§ Work item
Except for the pictures, reproduce the records word for word.

Items from a dataset:
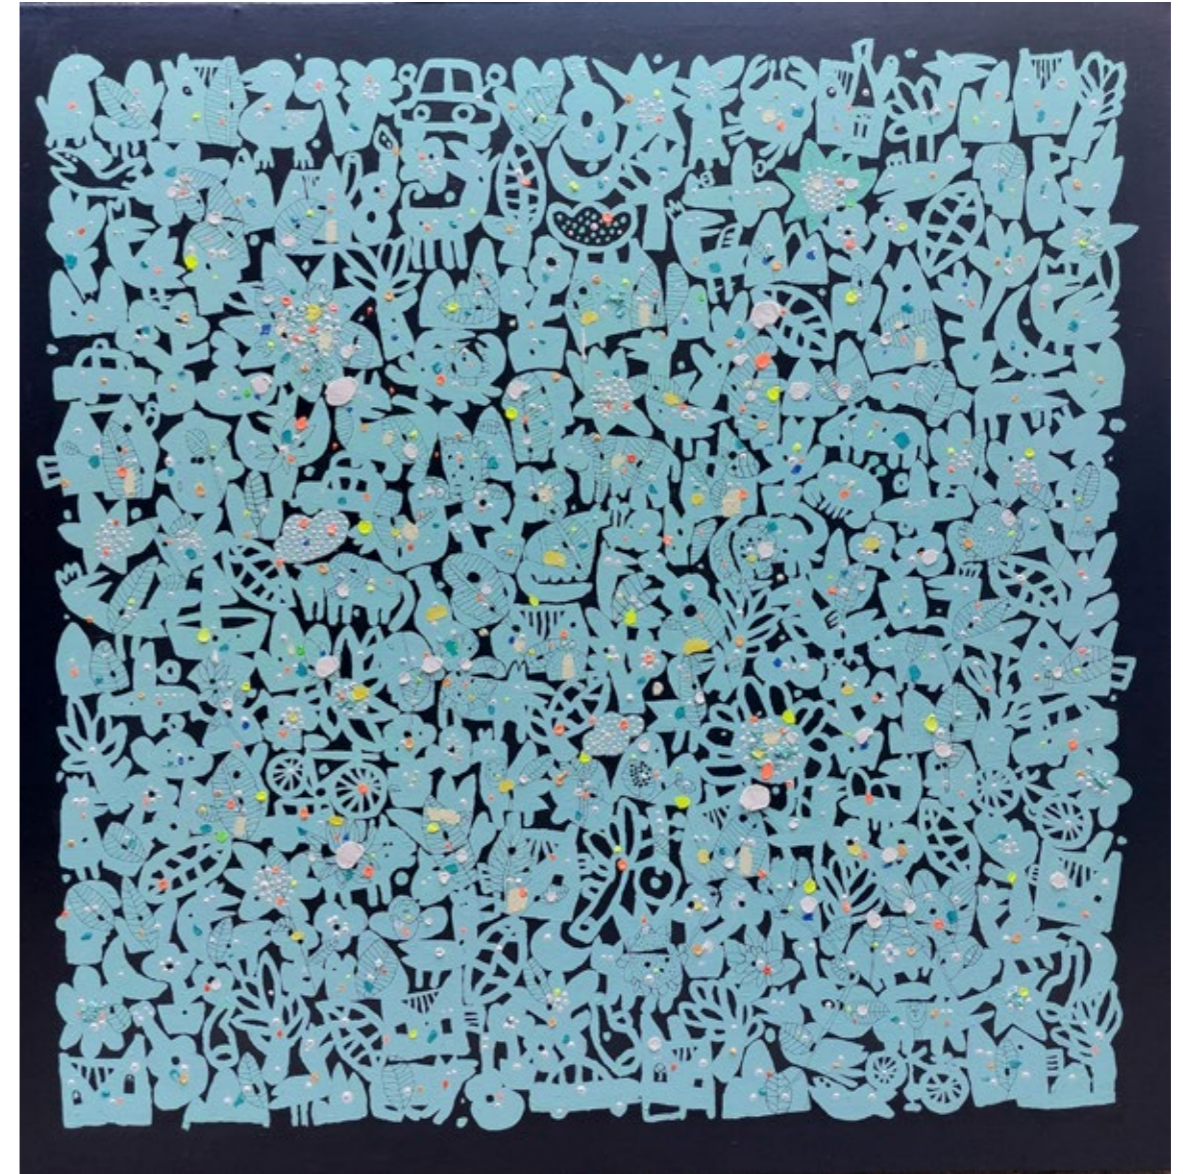

LIFE
2024
Akrilik di atas kanvas
150 x 150 cm

LUBANG MIMPI
2024

Instalasi proyeksi saluran tunggal, HD, 16:9, berwarna, suara
6 min 45 sec Edition of 5 + 2AP
1920 x 1080 pixel

SEBELUM MIMPI
2024

Kulit kerbau dan akrilik
175 x 157 cm

§ Answer below
LIFE
2024
Akrilik di atas kanvas
150 x 150 cm

LUBANG MIMPI
2024

Instalasi proyeksi saluran tunggal, HD, 16:9, berwarna, suara
6 min 45 sec Edition of 5 + 2AP
1920 x 1080 pixel

SEBELUM MIMPI
2024

Kulit kerbau dan akrilik
175 x 157 cm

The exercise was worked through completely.